Efficient and Robust Policy Evaluation for Reinforcement Learning

Author: ORCID icon orcid.org/0009-0002-6557-979X
Liu, Shuze Daniel, Computer Science - School of Engineering and Applied Science, University of Virginia
Advisor:
Zhang, Shangtong, EN-Comp Science Dept, University of Virginia
Abstract:

Evaluating the quality of a policy (i.e, a decision making rule that an agent adopts to interact with the environment) is central to reinforcement learning (RL). The conventional approach requires repeatedly executing the policy and averaging its outcome. However, due to high evaluation variance, this method demands massive active interactions with the environment to obtain data, which is both expensive and slow. At the same time, the stability of many RL algorithms remains an open question, as existing analyses often rely on assumptions that fail to hold in practice. This thesis addresses both challenges by proposing algorithms that enhance the efficiency and robustness of policy evaluation, and by providing a stability analysis of RL algorithms under realistic conditions.

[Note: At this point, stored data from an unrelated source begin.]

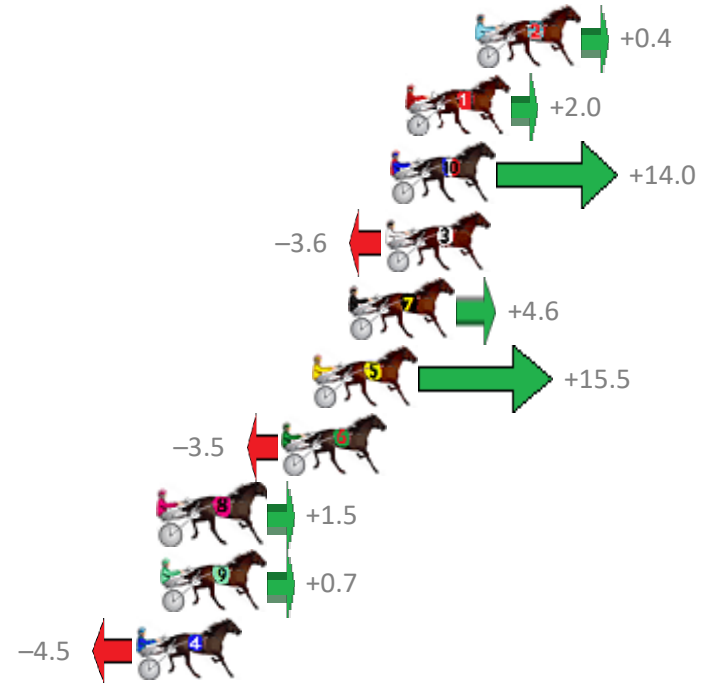

Redcliffe Race 4 Distance 1780m

Wednesday, 22 January 2020

Gross Time: 2:11.00 MileRate: 1:58.40 LeadTime: 11.30s First Qtr: 29.20s Second Qtr: 31.30s Third Qtr: 29.20s Fourth Qtr: 30.00s

No Horse	Plc	Margin	Time	800Time (W)	400 Time (W)
2 FORTES IN FIDE	1	0.0m	2:11.00	59.17s (0)	30.00s (0)
1 MERRYWOOD PEARL	2	2.8m	2:11.21	59.05s (0)	29.79s (0)
10 WAVEDANCER	3	3.4m	2:11.26	58.16s (1)	29.35s (2)
3 GUTS	4	3.6m	2:11.27	59.47s (1)	30.21s (1)
7 MO JARNEY	5	5.0m	2:11.38	58.86s (0)	29.59s (0)
5 MISTERRIODEJANEIRO	6	6.5m	2:11.49	58.05s (1)	29.27s (2)
6 RAGING INFERNO	7	7.7m	2:11.58	59.46s (1)	30.11s (1)
8 ALOT OF COST	8	12.5m	2:11.94	59.09s (0)	29.83s (0)
9 IMPETUOSO	9	12.5m	2:11.94	59.15s (1)	30.38s (2)
4 STUDLEIGH WILL	10	13.5m	2:12.01	59.53s (1)	30.19s (1)

Finish Position and metres gained from 800m

Sectionals
Powered by

Home of Australian Harness Sectionals

Get your sectionals delivered to your inbox daily

Check out www.pjdata.com.au

The Racing Queensland Board (trading as Racing Queensland) and provider are not responsible for the completeness or accuracy of any of the information contained herein, and makes no representations about its suitability for any purpose.
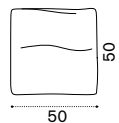

→ 52

Complementary back cushion for XL sofa and armchair

nature white GLCUSAW25
 nature grey GLCUSAW24
 corda GLCUSCPP50

→ 1,3

Grand Life

Coffee table Ø 77 h25

natural teak + ceramic stone ice white GLTCTH1T1LI
pickled teak + ceramic stone sand GLTCTH1T5LS
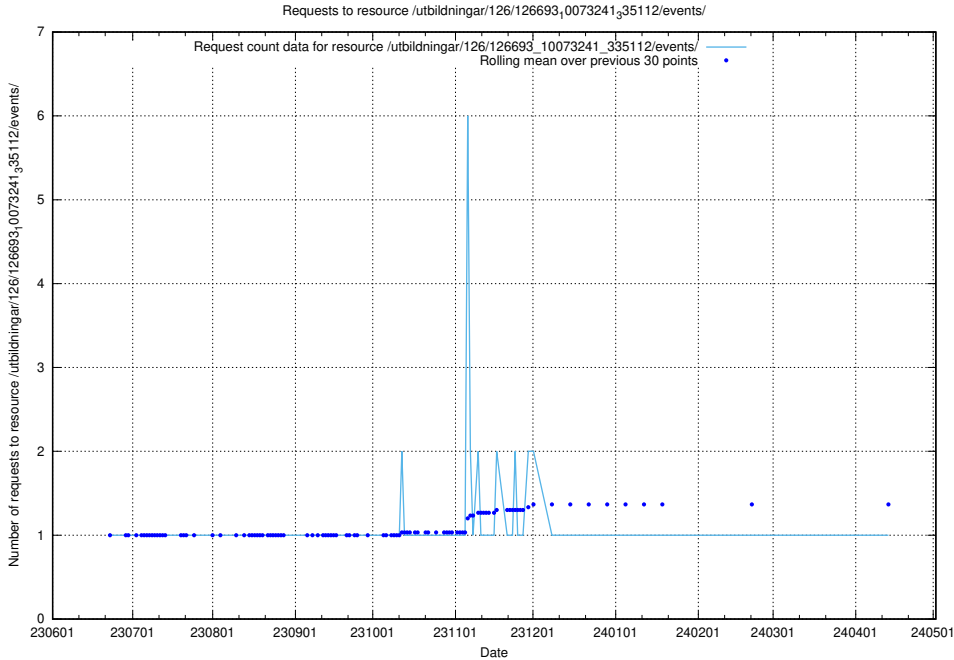

5.6390 Usage of /utbildningar/126/126693_10073241_335112/events/

Here, we count the number of requests to resource /utbildningar/126/126693_10073241_335112/events/
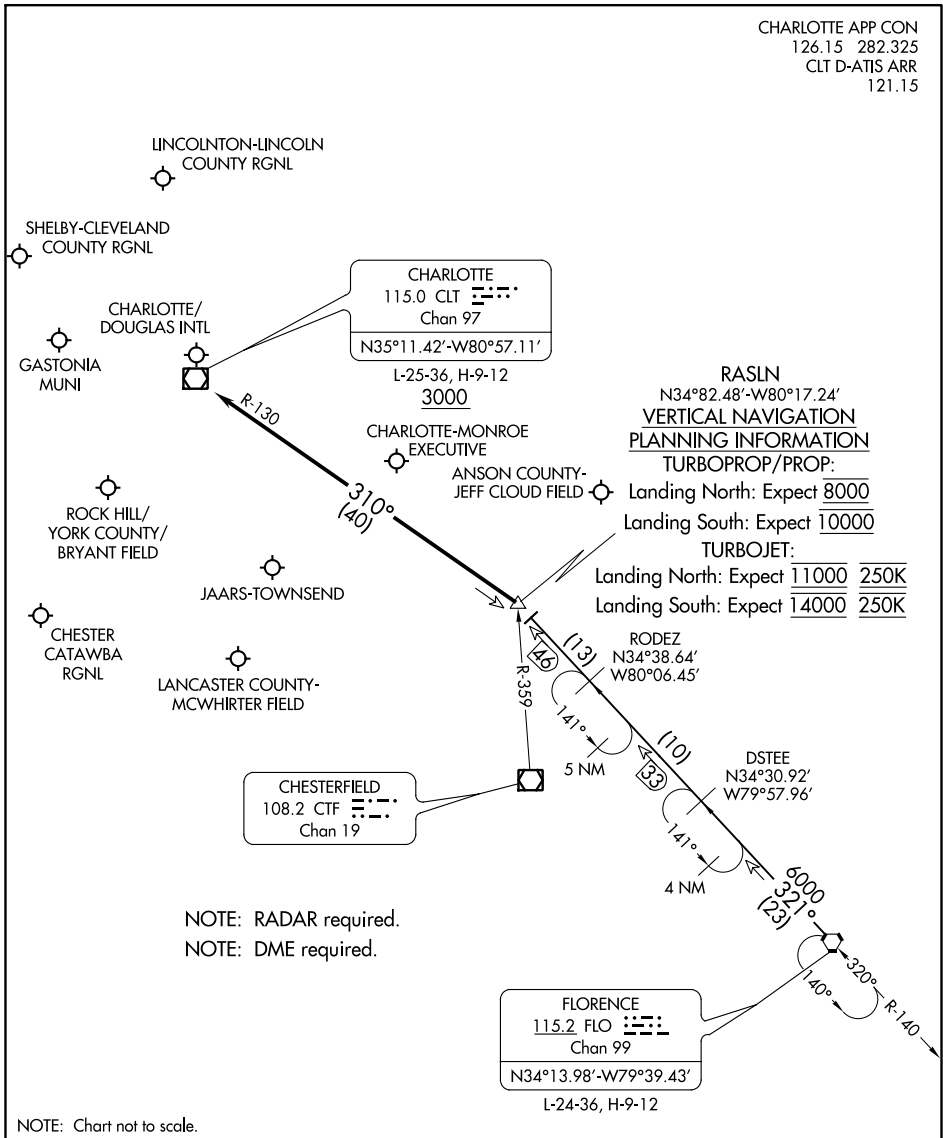

CHARLOTTE APP CON
 126.15 282.325
 CLT D-ATIS ARR
 121.15

SE-2, 25 MAR 2021 to 22 APR 2021

SE-2, 25 MAR 2021 to 22 APR 2021

ARRIVAL ROUTE DESCRIPTION

FLORENCE TRANSITION (FLO.RASLN3): From over FLO VORTAC on FLO R-321 to RASLN INT. Thence

. . . . from RASLN on CLT R-130 to cross CLT VOR/DME at or above 3000. Expect RADAR vectors to destination airport or final approach course prior to CLT VOR/DME.
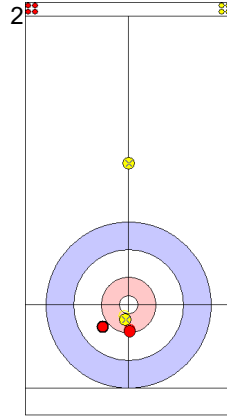

USA: PERSINGER V
Draw   ⤵ 50%
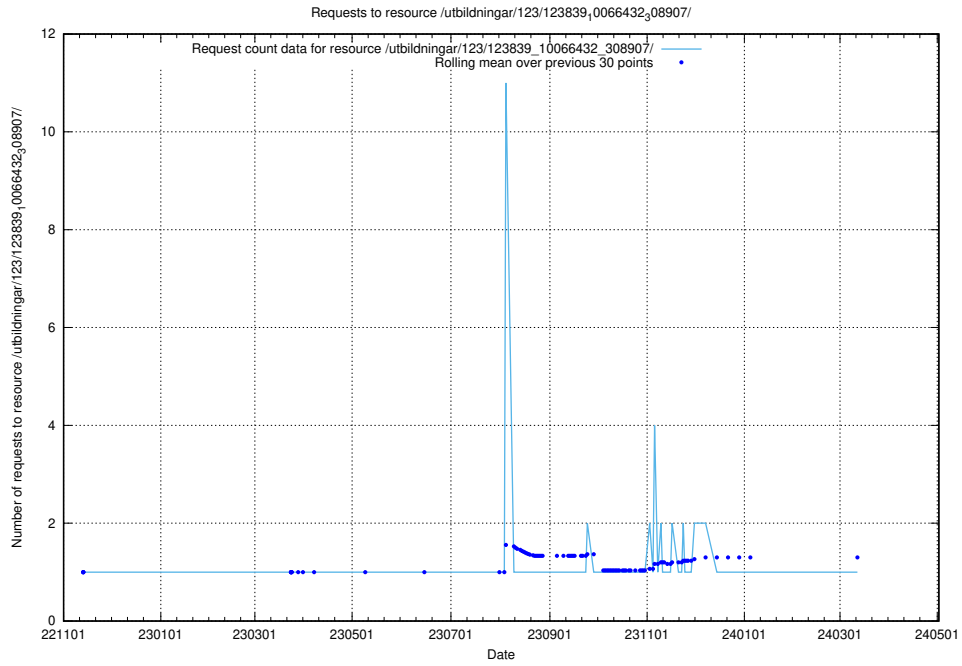

5.5658 Usage of /utbildningar/123/123839_10066432_308907/

Here, we count the number of requests to resource /utbildningar/123/123839_10066432_308907/.
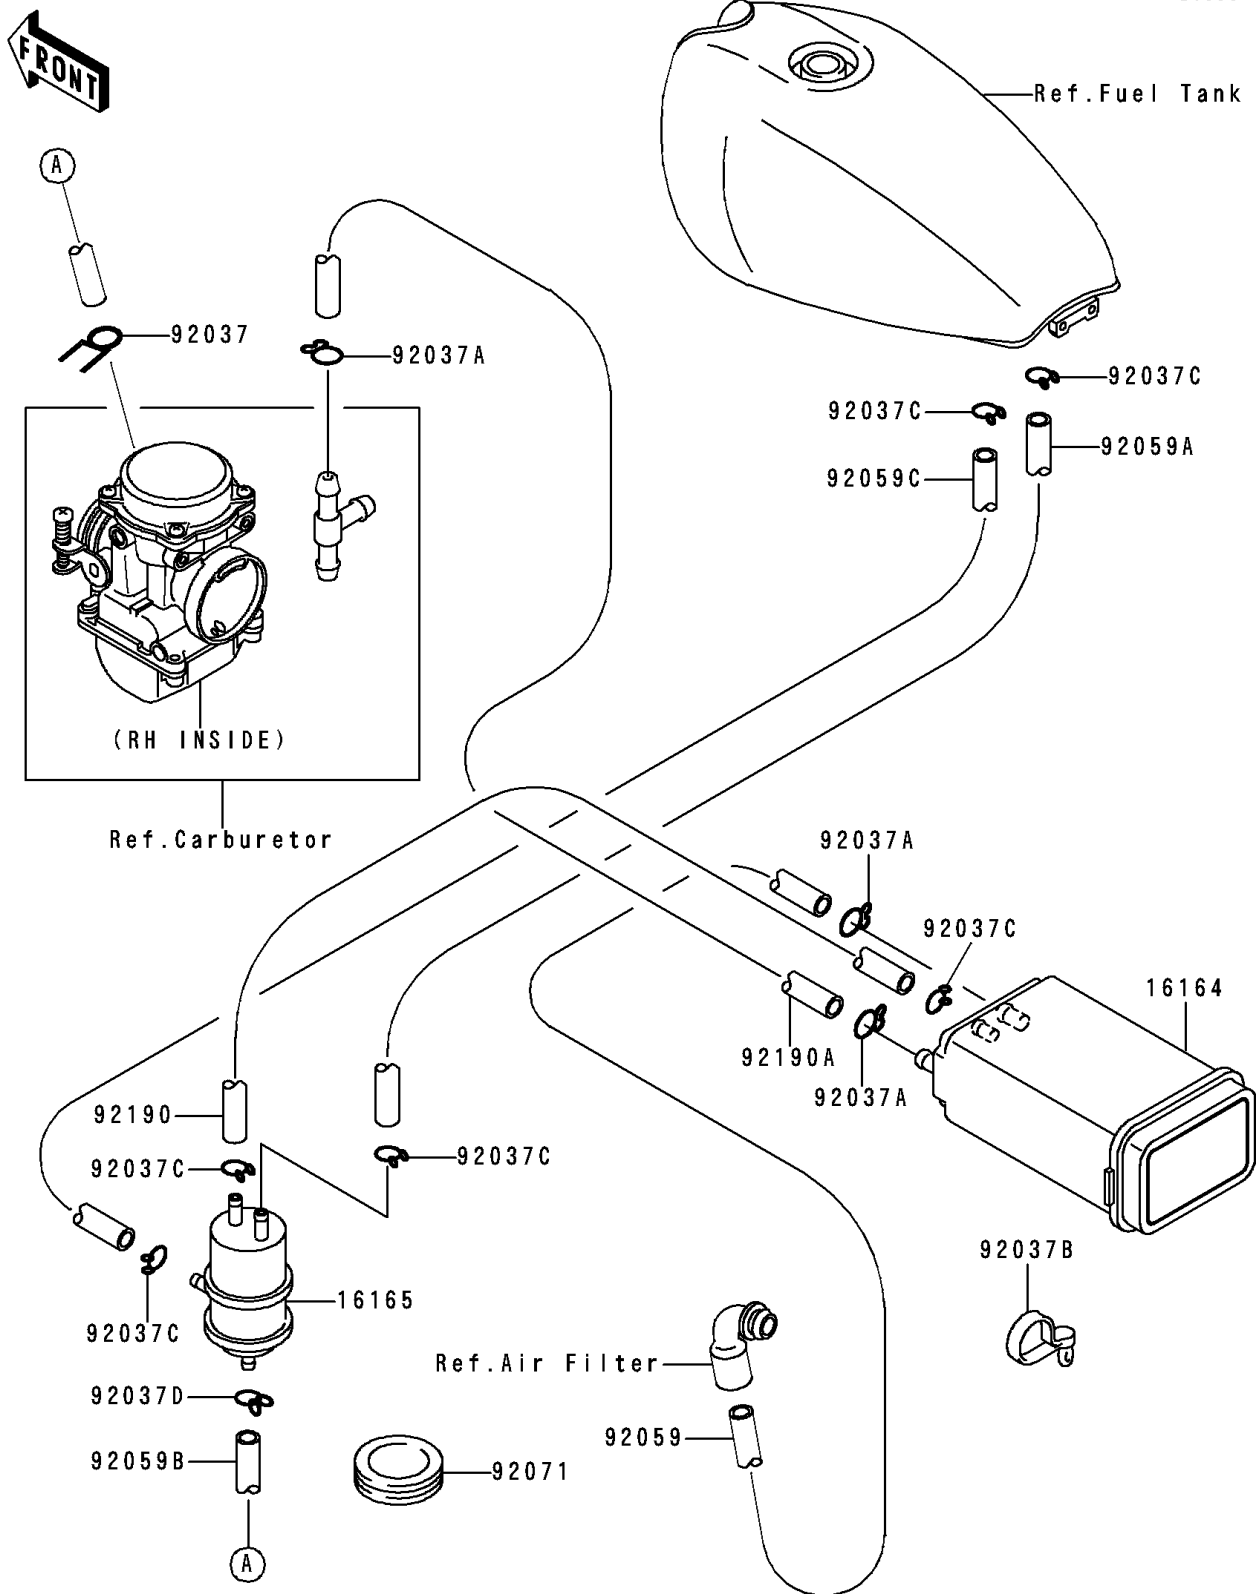

# 1991 Zephyr PARTS DIAGRAM

Canister

E1650

# 1991 Zephyr PARTS LIST

## Canister

ITEM NAME	PART NUMBER	QUANTITY
CANISTER (Ref # 16164)	16164-1052	1
SEPARATOR (Ref # 16165)	16165-1001	1
CLAMP,TUBE (Ref # 92037)	92037-072	1
CLAMP,HOSE (Ref # 92037A)	92037-1104	3
CLAMP,HOSE (Ref # 92037B)	92037-1163	4
CLAMP,TUBE (Ref # 92037C)	92037-147	6
CLAMP (Ref # 92037D)	92037-1712	1
TUBE,7X12X950,GREEN (Ref # 92059)	92059-1582	1
TUBE,5X10X550,BLUE (Ref # 92059A)	92059-1589	1
TUBE,4X9X550,WHITE (Ref # 92059B)	92059-1760	1
TUBE,5X10X320,RED (Ref # 92059C)	92059-1857	1
GROMMET,FUEL TANK (Ref # 92071)	92071-1035	2
TUBE,BLUE (Ref # 92190)	92190-1147	1
TUBE,7X12X840,YELLOW (Ref # 92190A)	92190-1176	1

The first part of the thesis focuses on algorithmic innovations reducing the amount of data needed for accurate evaluation. We begin by introducing an optimal data collecting policy that significantly lowers evaluation variance compared to traditional approaches. In settings where multiple policies must be evaluated at once, we propose a shared data-collecting policy that reduces evaluation variance across all interested policies simultaneously. Taking a step further, we develop a doubly-optimal policy evaluation method that optimizes both data collection and processing stages, achieving state-of-the-art variance reduction. To enhance robustness and safety, we also design methods that account for uncertainty in the environment and enforce safety constraints during data collection. Together, these contributions offer a framework for reliable and sample-efficient policy evaluation.

In the second part of the thesis, we focus on the theoretical analysis of RL algorithms. We study the stability of stochastic approximation methods (i.e., iterative methods that update estimates using noisy observations of a target quantity) under Markovian noise (i.e., when the randomness in updates comes from data generated by a Markov process, so that samples are correlated rather than independent). Our framework provides almost sure convergence guarantees under practical conditions and applies to a broader class of RL algorithms than previous results.

Collectively, this thesis advances both the algorithmic and theoretical foundations of policy evaluation, offering tools that are efficient, reliable, and applicable to real-world RL systems.

Degree:
PHD (Doctor of Philosophy)
Keywords:
reinforcement learning, off-policy evaluation, machine learning
Language:
English
Issued Date:
2025/04/22